GOAL OF THE EXERCISE >>
Find the line containing "- 15,500 sq. ft. of flexible meeting space" in the entries below. Restate it and each line after it, word for word, up to and including the line containing "- 398 spacious guest suites".

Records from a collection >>
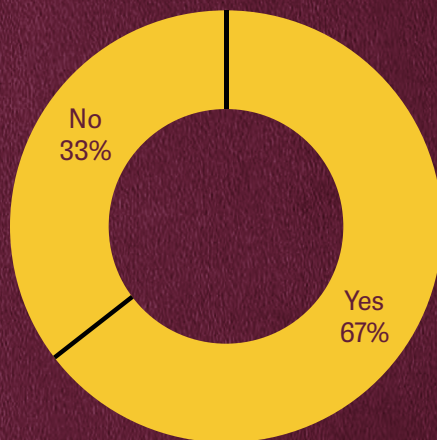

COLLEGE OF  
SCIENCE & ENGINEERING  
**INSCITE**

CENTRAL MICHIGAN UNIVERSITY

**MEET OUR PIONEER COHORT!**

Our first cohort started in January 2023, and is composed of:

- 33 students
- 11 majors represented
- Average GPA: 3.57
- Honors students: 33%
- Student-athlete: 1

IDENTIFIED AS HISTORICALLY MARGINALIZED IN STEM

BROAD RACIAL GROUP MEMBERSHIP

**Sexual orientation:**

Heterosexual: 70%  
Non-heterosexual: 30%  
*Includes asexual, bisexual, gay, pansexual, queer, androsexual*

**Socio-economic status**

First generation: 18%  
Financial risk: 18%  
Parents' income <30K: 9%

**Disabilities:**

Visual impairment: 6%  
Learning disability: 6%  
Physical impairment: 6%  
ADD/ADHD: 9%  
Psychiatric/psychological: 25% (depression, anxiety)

---

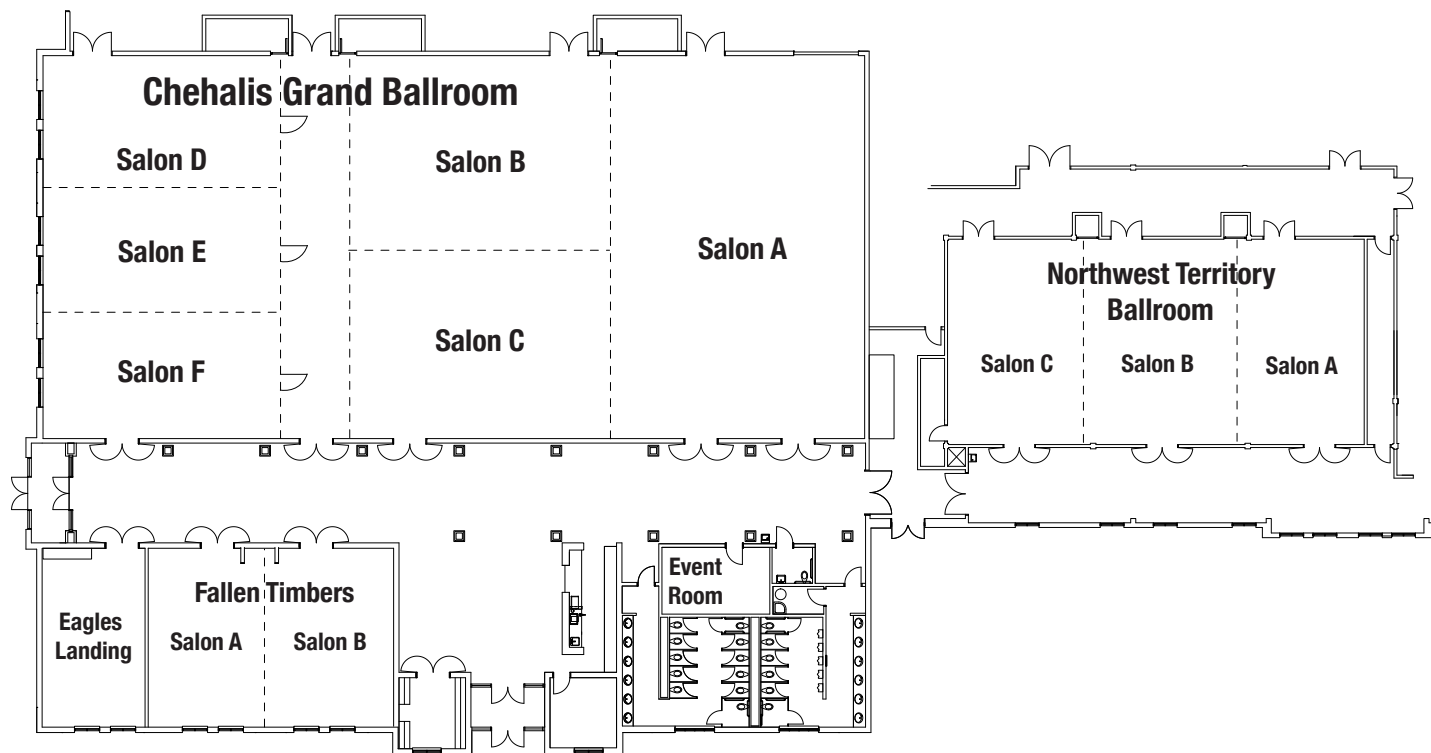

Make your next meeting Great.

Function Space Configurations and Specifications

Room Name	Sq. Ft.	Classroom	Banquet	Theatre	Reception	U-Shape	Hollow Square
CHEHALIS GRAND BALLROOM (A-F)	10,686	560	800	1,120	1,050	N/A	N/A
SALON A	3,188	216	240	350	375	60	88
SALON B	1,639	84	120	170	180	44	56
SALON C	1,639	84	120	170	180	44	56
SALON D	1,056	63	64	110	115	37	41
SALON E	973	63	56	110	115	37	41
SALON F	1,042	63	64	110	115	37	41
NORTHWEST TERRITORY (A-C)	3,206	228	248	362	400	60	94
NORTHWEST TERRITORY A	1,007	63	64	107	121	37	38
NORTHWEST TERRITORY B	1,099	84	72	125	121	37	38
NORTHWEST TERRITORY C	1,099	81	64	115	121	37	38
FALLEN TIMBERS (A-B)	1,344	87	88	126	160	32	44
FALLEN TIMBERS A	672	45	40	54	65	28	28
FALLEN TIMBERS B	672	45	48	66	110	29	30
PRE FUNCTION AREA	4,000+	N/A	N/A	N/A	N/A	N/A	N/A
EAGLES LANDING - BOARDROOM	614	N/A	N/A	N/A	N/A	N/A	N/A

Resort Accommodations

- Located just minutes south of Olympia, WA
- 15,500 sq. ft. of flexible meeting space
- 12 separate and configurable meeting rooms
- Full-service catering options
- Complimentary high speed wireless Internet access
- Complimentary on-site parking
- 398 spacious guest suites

SOLUTION >>
- 15,500 sq. ft. of flexible meeting space
- 12 separate and configurable meeting rooms
- Full-service catering options
- Complimentary high speed wireless Internet access
- Complimentary on-site parking
- 398 spacious guest suites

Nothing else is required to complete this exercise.